Justices Frank Easterbrook and Amy St. Eve voted to stay the order while Ilana Rovner dissented.
“The State Legislature offers two principal arguments in support of a stay: first, that a federal court should not change the rules so close to an election; second, that political rather than judicial officials are entitled to decide when a pandemic justifies changes to rules that are otherwise valid,” the majority wrote. “We agree with both of those arguments.”
Rovner, in a blistering dissent, highlighted the coronavirus threat to citizens in Wisconsin, currently one of the nation’s worst hot spots. Conley came up with a “limited, reasonable set of modifications” to election rules to preserve “the precious right of each Wisconsin citizen to vote,” she wrote.
“Today, in the midst of a pandemic and significantly slowed mail delivery, this court leaves voters to their own devices,” she wrote. “Good luck and G-d bless, Wisconsin. You are going to need it.”
All three judges were appointed by Republican presidents — Easterbrook by Ronald Reagan, St. Eve by Donald Trump and Rovner by George H.W. Bush.
Wisconsin Senate Majority Leader Scott Fitzgerald, part of the Republican leadership that successfully pressed the appeal of Conley’s ruling, called the reversal “a huge win for preserving the integrity of our election process in Wisconsin.” He called an extended counting period “a preposterous setup” that would undermine confidence in the election.
The Rev.

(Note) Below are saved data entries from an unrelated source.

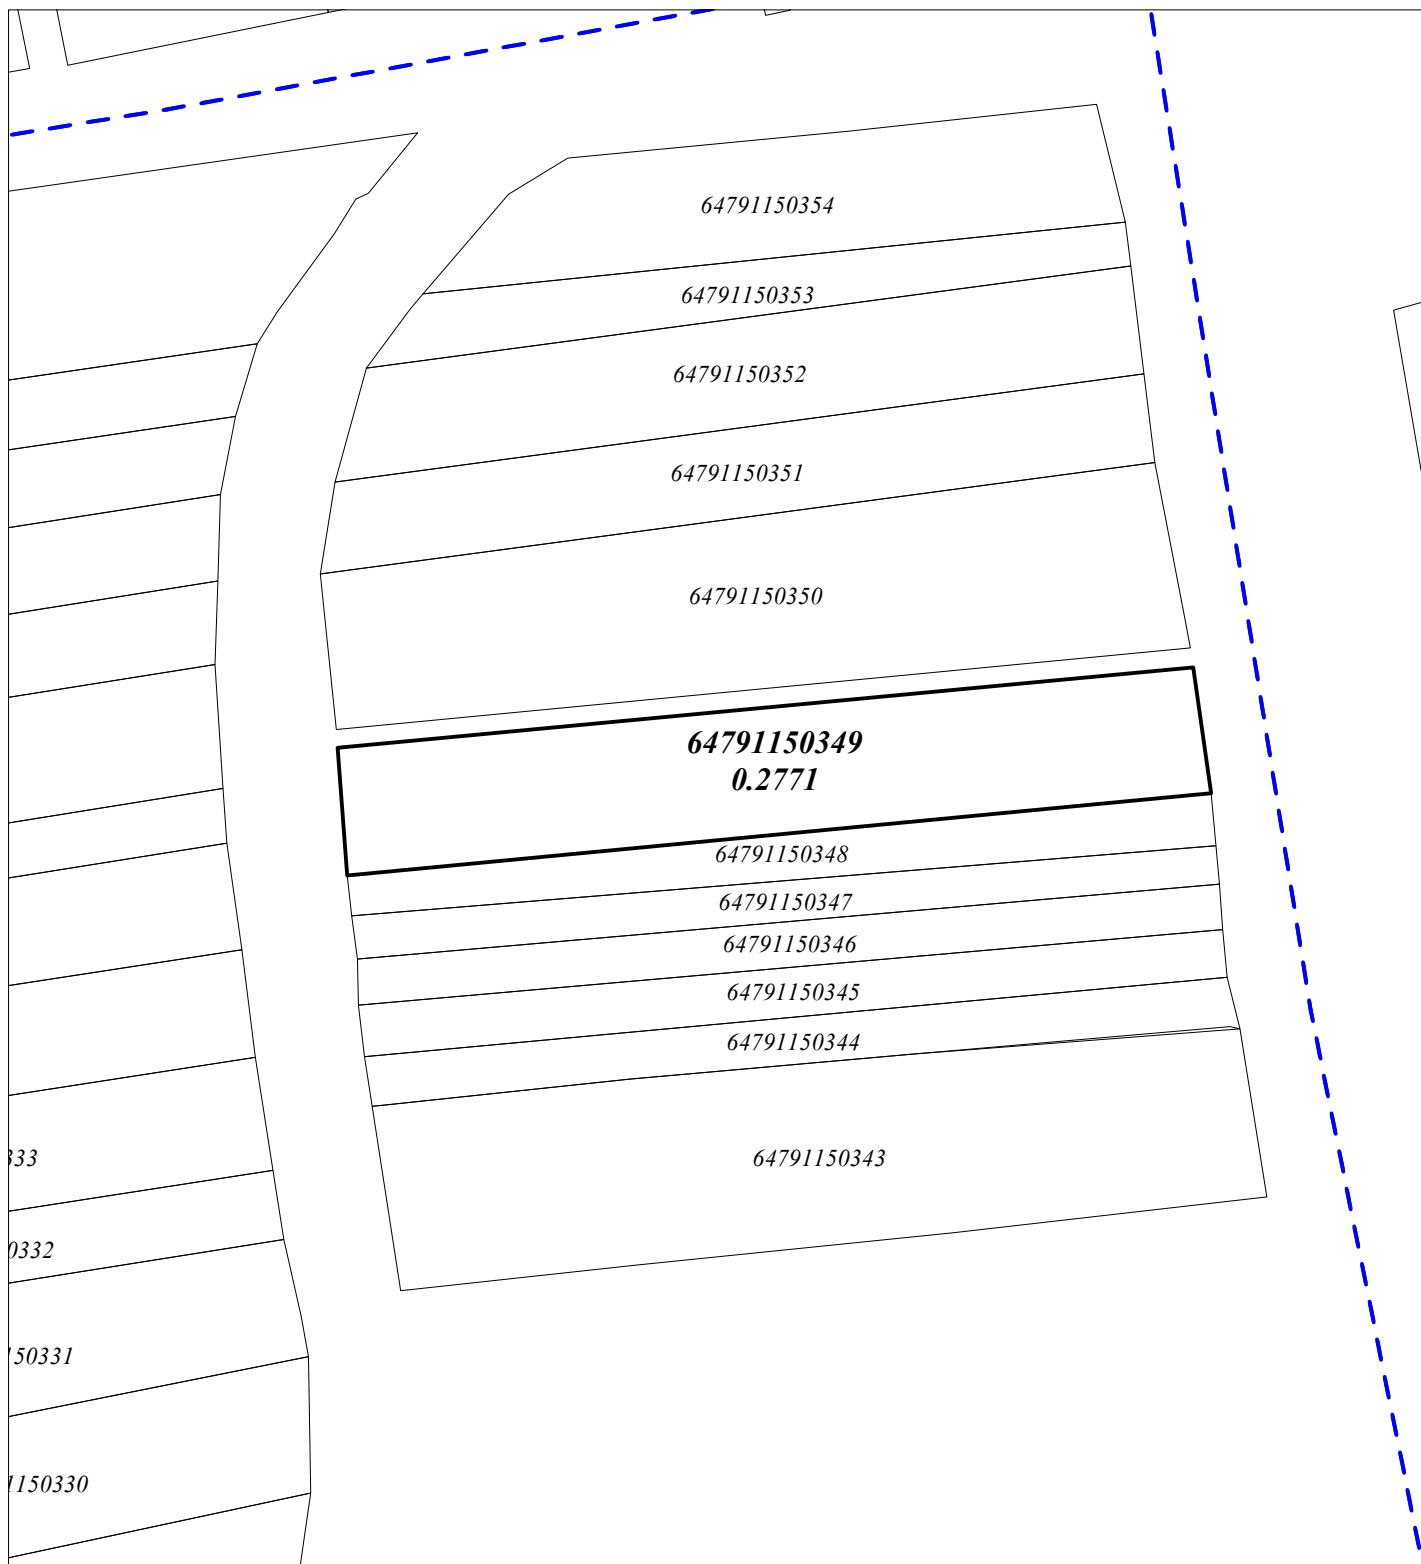

# Planul geometric al terenului corectat din comuna Zorile, raionul Orhei

Dumbrava Sava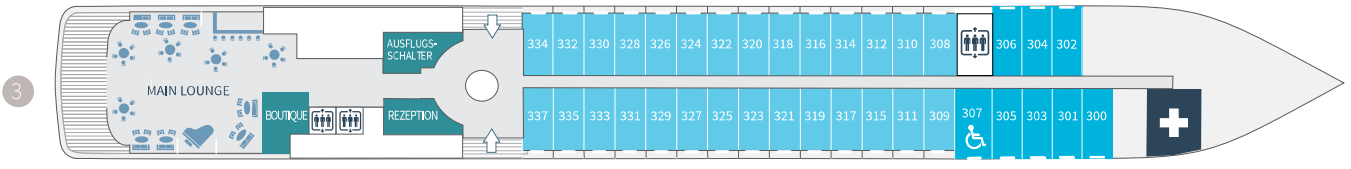

# Deckpläne

Deck 6 - Le Lyrial

Deck 6 - Le Boréal - L'Austral - Le Soléal

Konfiguration Le Soléal: (1) Hamam (2) Umkleidekabine (3) Massageraum / Konfiguration Le Lyrial: (1) Hamam (2) Massageraum (3) Massageraum

- 2 Marina - Gourmet-Restaurant
- 3 28 Deluxe Kabinen mit Balkon - 8 Superior Kabinen - Main Lounge - Boutique - Rezeption - Aufzug - Ausflugschalter - Medizinisches Zentrum
- 4 35 Prestige Kabinen mit Balkon - Theater
- 5 37 Prestige Kabinen mit Balkon (22 der Prestige Kabinen sind in 11 Prestige Suiten umwandelbar) - Fitness- und Spabereich Sothys™: Thalasso- und Balneotherapie, Hamam, Friseursalon, Massage - Freizeitbereich - Foto-Service - Brücke
- 6 **Le Boréal, L'Austral, Le Soléal:** Owner Suite - 3 Deluxe Suiten mit Balkon - 20 Prestige Kabinen mit Balkon (davon 18 Prestige Kabinen umwandelbar in 9 Prestige Suiten). **Le Lyrial:** Owner Suite - 1 Grand Privilege Suite - 3 Deluxe Suiten mit Balkon - 1 Grand Deluxe Suite - 8 Privilege Suiten - 1 Prestige Kabine - Swimming-Pool - Grill-Restaurant - Computerstation - Bibliothek - Panorama-Lounge - Panorama-Terrasse
- 7 Open Air Bar - Sonnendeck

Owner Suite Deck 6	Prestige Suiten Deck 6 - 5 (außer Le Lyrial)	Prestige Kabinen Deck 4 - 5 - 6
Privilege Suiten Deck 6 - Le Lyrial	Grand Deluxe Suiten Deck 6 - Le Lyrial	Deluxe Kabinen Deck 3
Grand Privilege Suite Deck 6 - Le Lyrial	Deluxe Suiten Deck 6	Superior Kabinen Deck 3

Greg Lewis, whose Souls to the Polls group is among the plaintiffs, reacted by urging people to vote.
“Our votes matter,” Lewis said. “This is precisely why Republicans are trying so hard to keep us from voting.”
A state Democratic Party spokeswoman and an attorney for Democrats didn’t immediately respond to messages seeking comment.

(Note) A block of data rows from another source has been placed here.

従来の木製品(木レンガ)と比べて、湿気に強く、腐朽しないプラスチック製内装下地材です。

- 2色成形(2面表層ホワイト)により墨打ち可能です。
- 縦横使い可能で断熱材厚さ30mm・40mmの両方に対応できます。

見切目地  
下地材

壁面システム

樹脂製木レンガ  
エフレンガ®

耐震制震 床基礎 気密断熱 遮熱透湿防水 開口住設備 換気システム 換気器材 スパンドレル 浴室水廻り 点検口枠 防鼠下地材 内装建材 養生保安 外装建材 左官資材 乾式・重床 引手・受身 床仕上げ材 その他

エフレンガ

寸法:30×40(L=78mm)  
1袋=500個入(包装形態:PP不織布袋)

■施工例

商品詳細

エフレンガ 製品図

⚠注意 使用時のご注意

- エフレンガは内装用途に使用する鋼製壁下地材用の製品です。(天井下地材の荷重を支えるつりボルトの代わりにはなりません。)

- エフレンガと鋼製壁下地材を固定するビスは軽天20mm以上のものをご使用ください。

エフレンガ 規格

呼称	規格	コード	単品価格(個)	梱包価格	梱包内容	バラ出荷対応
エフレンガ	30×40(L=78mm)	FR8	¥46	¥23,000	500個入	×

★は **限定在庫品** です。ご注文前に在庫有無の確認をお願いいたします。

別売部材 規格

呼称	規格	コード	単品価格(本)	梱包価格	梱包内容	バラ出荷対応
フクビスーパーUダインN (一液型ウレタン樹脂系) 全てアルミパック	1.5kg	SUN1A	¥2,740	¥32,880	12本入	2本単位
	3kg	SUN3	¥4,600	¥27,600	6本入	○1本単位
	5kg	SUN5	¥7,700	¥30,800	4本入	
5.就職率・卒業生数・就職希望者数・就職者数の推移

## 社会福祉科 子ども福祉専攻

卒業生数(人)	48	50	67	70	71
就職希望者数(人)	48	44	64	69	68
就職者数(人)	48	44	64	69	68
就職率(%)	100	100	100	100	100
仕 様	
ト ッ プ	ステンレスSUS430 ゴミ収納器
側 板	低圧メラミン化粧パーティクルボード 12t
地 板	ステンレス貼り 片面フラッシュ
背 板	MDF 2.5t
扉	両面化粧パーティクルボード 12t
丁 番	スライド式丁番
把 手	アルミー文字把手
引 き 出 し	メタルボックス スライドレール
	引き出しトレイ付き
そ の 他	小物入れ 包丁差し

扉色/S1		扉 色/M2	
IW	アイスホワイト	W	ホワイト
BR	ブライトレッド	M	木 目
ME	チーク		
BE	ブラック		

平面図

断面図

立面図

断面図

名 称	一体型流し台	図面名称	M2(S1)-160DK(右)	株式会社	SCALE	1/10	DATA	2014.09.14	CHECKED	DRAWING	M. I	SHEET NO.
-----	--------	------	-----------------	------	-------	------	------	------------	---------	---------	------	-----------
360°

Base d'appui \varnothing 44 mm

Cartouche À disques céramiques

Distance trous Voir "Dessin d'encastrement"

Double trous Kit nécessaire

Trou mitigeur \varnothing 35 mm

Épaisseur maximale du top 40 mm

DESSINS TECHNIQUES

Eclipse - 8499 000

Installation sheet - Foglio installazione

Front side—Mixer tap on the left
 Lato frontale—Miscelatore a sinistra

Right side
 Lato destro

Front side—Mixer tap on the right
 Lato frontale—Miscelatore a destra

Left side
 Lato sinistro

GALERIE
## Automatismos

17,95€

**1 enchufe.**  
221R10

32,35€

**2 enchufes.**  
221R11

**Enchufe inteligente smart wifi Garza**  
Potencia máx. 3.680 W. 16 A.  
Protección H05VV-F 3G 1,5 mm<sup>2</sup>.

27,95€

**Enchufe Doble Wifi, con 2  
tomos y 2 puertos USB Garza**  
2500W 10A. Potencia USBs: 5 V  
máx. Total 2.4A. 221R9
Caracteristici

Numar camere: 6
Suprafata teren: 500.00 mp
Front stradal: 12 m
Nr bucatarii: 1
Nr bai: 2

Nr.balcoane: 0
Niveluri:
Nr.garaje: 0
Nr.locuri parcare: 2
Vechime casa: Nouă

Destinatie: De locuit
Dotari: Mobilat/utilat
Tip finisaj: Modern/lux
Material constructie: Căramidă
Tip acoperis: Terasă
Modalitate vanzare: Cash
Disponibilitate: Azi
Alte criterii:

President Donald Trump won Wisconsin by less than 1 percentage point — fewer than 23,000 votes — in 2016. Polls show Democratic challenger Joe Biden with a slight lead in the state, but both sides expect a tight race.
In the Indiana noon deadline appeal, plaintiff’s attorney Bill Groth said Friday, “We will do everything in our power to ensure that the end result in the Indiana case will be different” from the Wisconsin ruling. He noted Rovner in her dissent called the majority’s ruling a travesty “because it elevated legislative prerogatives over the fundamental right to vote during this unprecedented and worsening pandemic, thus effectively unmooring the right to vote from its constitutional protections.

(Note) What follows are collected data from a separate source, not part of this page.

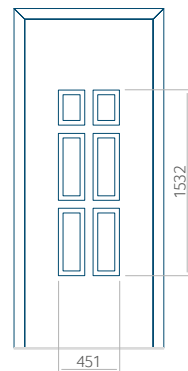

Motif avec cadre INOX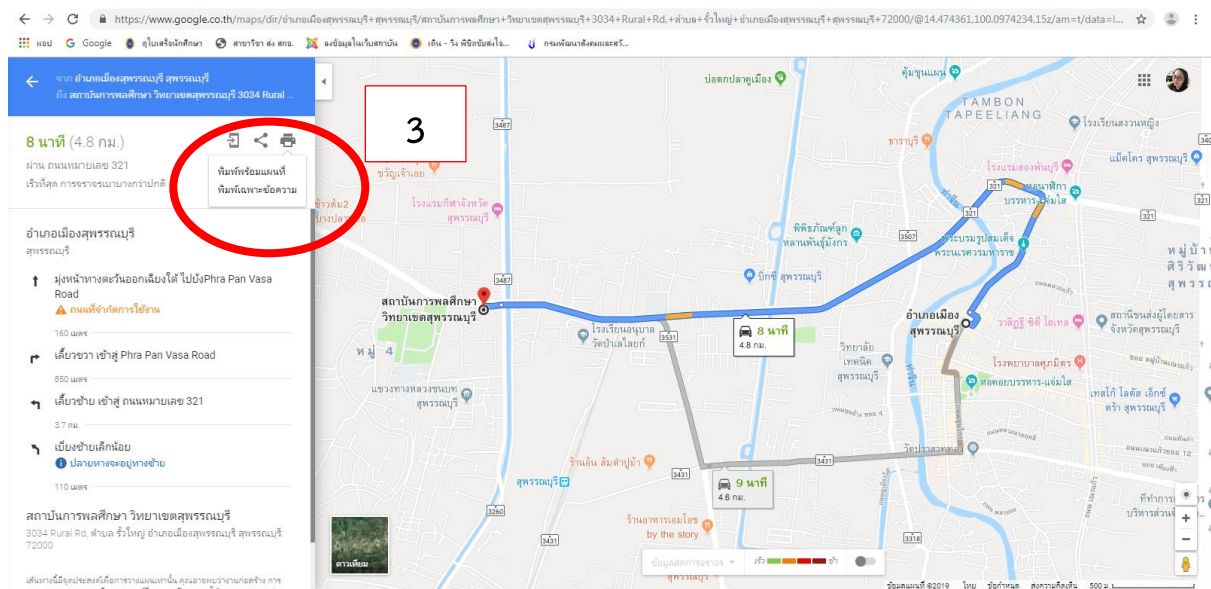

ตัวอย่างการพิมพ์แผนที่ที่บ้านด้วย Google Map

1. พิมพ์จุดเริ่มต้นและจุดสิ้นสุด (นักศึกษาที่ไม่ได้อยู่ในจังหวัดสุพรรณบุรี ให้เริ่มจากสำนักงานขนส่งจังหวัดไปยังบ้านพักของนักศึกษา)

2. คลิกเลือกเส้นทางที่จะใช้ในการเดินทาง

3. กดที่รูปเครื่องพิมพ์ แล้วเลือก "พิมพ์พร้อมแผนที่"

4. เลือกที่ “พิมพ์”

5. จะได้แผนที่บ้านพร้อมคำอธิบายในการเดินทาง สิ่งพิมพ์ทั้งหมดเลยคะ

“This lawsuit and the district court’s intervention would not have been necessary had Governor Holcomb, his appointees to the Election Commission, Attorney General Hill, Secretary of State Lawson, and the state Legislature been more interested in protecting Hoosier voters than their own selfish political interests,” Groth said. “I have no doubt that history will judge them harshly for their willful refusal to protect Hoosiers’ fundamental constitutional right to vote.”